# Year of production of Browning Auto-5



## Karl (Aug 7, 2004)

Does anyone have a method to determine the year of manufacture for the 1900-1939 Aut0-5's? Mine is serial number 135797.

Thanks for your help.

Karl


----------



## Sasha and Abby (May 11, 2004)

Pre WWII. They did not start keeping records until after 1939. An old one for sure. :beer:


----------



## buckmaster (Apr 16, 2003)

Go to www.browning.com on the home page there is an area to find the serial numbers to match with the year your gun was made.


----------



## M1Garandfather (Mar 23, 2008)

Hi Karl....I know your post is years old but what the heck , thought I'd write anyways and reply... Since I am a Auto-5 lover as well , I have some info for you... You Browning was made in 1932.
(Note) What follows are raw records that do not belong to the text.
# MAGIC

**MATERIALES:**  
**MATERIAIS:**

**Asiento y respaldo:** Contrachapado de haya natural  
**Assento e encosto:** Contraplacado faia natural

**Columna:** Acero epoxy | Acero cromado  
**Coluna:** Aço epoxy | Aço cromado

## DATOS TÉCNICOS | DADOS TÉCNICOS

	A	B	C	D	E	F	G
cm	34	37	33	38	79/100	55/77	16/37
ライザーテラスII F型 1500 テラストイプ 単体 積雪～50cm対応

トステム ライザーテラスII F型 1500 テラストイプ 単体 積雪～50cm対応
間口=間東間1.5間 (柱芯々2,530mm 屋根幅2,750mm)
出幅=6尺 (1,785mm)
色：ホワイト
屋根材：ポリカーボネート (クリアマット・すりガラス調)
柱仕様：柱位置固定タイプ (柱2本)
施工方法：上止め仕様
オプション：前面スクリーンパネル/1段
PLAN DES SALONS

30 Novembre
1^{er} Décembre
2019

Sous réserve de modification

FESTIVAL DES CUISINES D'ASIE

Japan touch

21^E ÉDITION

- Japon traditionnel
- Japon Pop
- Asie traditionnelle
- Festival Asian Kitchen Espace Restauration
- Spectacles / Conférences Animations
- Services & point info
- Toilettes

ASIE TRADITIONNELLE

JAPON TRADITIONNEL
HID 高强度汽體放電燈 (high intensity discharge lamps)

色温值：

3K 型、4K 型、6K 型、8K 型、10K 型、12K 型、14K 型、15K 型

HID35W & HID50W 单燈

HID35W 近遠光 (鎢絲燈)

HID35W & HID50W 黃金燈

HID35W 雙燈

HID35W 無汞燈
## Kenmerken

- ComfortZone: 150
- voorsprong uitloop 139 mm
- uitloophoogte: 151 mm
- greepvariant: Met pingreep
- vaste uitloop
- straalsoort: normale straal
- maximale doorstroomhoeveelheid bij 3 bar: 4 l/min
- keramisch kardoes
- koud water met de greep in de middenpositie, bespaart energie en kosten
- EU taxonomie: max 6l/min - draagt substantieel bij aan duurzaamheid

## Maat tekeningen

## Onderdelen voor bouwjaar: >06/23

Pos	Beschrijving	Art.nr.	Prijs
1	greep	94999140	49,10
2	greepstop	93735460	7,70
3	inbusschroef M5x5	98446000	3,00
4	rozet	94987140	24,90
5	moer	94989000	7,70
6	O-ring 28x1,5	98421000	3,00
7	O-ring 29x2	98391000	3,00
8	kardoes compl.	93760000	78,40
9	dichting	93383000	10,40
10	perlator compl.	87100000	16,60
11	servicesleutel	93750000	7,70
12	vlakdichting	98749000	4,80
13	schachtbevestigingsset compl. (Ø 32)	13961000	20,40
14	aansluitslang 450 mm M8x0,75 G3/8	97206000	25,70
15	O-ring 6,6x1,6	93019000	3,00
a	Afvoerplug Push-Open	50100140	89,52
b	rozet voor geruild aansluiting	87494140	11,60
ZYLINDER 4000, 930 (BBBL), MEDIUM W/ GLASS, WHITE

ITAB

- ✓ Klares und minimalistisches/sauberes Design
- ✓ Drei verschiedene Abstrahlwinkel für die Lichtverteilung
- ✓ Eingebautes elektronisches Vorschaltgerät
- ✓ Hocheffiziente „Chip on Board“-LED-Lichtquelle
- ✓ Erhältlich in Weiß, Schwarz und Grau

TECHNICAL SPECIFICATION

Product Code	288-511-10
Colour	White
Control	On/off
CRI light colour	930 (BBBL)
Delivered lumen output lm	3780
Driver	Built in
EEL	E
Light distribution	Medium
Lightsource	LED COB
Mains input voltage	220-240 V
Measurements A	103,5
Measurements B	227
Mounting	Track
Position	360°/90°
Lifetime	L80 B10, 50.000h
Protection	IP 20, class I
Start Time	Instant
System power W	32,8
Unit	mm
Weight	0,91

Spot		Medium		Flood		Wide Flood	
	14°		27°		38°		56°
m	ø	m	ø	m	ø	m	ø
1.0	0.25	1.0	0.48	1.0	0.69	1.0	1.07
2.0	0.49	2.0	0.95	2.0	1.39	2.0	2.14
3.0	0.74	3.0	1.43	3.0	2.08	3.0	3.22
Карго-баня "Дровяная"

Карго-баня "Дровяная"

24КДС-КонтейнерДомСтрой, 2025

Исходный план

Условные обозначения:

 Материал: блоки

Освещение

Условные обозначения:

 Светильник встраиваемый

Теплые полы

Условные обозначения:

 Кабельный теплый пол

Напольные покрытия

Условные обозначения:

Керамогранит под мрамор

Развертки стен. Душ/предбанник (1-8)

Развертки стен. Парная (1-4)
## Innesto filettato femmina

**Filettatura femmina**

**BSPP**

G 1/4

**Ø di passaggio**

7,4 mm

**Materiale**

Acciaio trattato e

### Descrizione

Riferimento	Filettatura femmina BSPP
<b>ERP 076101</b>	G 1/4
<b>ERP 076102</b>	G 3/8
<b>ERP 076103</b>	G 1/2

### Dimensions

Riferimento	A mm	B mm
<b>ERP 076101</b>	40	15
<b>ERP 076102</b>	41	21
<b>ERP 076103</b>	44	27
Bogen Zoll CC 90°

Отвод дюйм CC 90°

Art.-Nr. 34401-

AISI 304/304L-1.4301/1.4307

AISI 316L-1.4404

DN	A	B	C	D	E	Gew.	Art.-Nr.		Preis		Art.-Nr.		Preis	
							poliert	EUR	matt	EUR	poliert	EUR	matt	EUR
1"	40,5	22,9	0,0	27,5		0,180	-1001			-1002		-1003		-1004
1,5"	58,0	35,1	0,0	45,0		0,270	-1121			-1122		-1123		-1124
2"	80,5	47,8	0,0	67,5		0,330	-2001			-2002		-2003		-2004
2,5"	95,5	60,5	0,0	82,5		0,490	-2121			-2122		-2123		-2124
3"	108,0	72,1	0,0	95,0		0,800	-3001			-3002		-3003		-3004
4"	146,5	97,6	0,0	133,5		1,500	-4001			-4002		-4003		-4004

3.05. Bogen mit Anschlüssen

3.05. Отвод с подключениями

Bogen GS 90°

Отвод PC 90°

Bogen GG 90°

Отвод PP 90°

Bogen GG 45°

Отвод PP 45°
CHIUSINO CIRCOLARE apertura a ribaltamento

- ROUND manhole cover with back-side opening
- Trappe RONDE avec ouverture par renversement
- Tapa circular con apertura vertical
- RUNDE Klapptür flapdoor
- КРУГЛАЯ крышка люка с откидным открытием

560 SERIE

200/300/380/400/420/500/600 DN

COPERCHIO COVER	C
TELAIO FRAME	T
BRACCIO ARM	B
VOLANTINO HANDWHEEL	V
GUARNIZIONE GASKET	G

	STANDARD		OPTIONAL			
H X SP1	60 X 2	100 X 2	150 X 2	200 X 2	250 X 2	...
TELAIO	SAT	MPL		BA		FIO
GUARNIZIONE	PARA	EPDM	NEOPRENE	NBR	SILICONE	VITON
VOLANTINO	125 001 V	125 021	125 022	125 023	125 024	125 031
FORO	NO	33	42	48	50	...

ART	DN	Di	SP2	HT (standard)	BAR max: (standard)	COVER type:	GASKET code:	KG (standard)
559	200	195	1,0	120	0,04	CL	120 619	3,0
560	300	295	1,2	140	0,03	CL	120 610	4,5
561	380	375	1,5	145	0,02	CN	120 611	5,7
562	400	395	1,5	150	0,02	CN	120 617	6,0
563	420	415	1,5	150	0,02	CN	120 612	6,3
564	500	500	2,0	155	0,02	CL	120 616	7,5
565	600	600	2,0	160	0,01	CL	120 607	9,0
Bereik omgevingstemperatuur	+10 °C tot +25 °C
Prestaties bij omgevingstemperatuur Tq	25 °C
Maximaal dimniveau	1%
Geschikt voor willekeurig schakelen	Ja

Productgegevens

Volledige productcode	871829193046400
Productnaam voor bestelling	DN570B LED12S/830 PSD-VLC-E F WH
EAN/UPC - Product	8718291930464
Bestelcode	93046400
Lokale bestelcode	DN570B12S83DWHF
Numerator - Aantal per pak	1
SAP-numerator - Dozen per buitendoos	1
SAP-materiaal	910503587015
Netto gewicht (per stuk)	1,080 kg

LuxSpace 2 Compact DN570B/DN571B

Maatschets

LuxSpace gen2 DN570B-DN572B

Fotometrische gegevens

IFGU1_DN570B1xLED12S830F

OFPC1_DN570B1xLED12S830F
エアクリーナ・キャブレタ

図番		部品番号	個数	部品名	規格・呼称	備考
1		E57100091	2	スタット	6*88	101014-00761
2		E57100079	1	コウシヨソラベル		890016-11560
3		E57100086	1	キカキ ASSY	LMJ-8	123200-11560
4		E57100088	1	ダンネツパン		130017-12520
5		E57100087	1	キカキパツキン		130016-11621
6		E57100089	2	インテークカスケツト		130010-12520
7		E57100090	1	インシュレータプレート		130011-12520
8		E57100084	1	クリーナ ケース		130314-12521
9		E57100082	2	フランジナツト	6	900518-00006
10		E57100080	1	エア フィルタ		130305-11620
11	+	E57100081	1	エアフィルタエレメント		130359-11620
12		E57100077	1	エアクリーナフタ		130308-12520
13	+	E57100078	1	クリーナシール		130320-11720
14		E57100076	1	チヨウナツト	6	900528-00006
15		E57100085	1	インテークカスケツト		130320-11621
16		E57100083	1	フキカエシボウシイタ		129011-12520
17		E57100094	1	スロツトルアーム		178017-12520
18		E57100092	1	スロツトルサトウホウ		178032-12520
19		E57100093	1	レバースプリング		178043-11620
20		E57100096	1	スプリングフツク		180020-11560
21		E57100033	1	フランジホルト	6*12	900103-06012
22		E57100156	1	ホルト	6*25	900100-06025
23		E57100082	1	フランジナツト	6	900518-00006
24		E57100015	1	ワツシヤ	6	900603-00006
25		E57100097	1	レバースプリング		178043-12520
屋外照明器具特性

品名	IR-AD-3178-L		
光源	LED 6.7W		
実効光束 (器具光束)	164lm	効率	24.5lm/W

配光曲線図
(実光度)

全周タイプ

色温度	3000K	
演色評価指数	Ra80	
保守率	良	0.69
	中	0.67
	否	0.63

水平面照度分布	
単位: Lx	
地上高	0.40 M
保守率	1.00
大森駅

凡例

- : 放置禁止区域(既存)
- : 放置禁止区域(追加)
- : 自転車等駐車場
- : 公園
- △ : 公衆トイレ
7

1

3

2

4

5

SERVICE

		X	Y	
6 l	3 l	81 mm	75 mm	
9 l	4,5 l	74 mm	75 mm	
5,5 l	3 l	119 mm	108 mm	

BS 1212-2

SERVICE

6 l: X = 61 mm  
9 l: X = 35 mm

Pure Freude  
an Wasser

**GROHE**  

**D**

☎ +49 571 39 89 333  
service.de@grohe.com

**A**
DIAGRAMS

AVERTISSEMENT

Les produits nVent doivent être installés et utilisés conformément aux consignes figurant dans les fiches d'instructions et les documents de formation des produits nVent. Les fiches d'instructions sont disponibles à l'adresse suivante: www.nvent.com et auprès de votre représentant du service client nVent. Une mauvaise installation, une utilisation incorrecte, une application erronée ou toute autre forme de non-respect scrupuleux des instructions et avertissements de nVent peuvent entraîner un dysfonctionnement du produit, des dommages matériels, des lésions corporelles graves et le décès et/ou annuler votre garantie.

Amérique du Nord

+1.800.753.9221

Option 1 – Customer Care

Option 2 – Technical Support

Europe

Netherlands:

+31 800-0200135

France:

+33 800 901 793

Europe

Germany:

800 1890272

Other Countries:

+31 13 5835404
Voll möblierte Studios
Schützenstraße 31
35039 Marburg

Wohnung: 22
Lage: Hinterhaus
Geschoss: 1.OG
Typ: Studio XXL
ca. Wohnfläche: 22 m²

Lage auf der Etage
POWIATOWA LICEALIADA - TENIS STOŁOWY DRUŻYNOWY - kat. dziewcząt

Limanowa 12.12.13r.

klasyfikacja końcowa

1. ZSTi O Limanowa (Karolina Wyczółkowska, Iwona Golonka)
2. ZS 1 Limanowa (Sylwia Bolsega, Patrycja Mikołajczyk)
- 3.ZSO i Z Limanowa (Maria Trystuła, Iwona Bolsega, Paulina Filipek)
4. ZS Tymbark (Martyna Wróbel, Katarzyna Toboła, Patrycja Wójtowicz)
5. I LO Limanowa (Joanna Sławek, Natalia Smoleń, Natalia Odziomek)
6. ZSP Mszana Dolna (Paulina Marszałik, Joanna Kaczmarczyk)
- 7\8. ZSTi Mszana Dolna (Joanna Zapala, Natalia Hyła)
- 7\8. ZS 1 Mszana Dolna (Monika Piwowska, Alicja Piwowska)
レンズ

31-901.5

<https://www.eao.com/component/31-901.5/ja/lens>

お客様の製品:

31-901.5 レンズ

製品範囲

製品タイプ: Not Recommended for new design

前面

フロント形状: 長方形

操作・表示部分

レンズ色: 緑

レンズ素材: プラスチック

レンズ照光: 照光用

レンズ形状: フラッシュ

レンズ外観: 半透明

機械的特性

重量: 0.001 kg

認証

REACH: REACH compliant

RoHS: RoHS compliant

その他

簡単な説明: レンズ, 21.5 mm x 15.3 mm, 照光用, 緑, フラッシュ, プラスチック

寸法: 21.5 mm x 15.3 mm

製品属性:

If anyone needs date info , just PM me and I'll try and find out for you.

All the best ,

Bob


----------



## Constantine (Feb 17, 2009)

M1Garandfather said:


> Hi Karl....I know your post is years old but what the heck , thought I'd write anyways and reply... Since I am a Auto-5 lover as well , I have some info for you... You Browning was made in 1932.
> 
> If anyone needs date info , just PM me and I'll try and find out for you.
> 
> ...


Hello Bob,

Probably you could help me too. My Brouning Auto-5, made by FN, Liege inspection stamps, bears number 128823, caliber is 16-65. Have you any idea about the year it was released?


----------



## Ron Gilmore (Jan 7, 2003)

1932 year of Mfg 123001 Start 138000 Stop


----------



## snow (Dec 7, 2007)

Hmmm,my babies have dates stamped right at the magizine feeder tube.


----------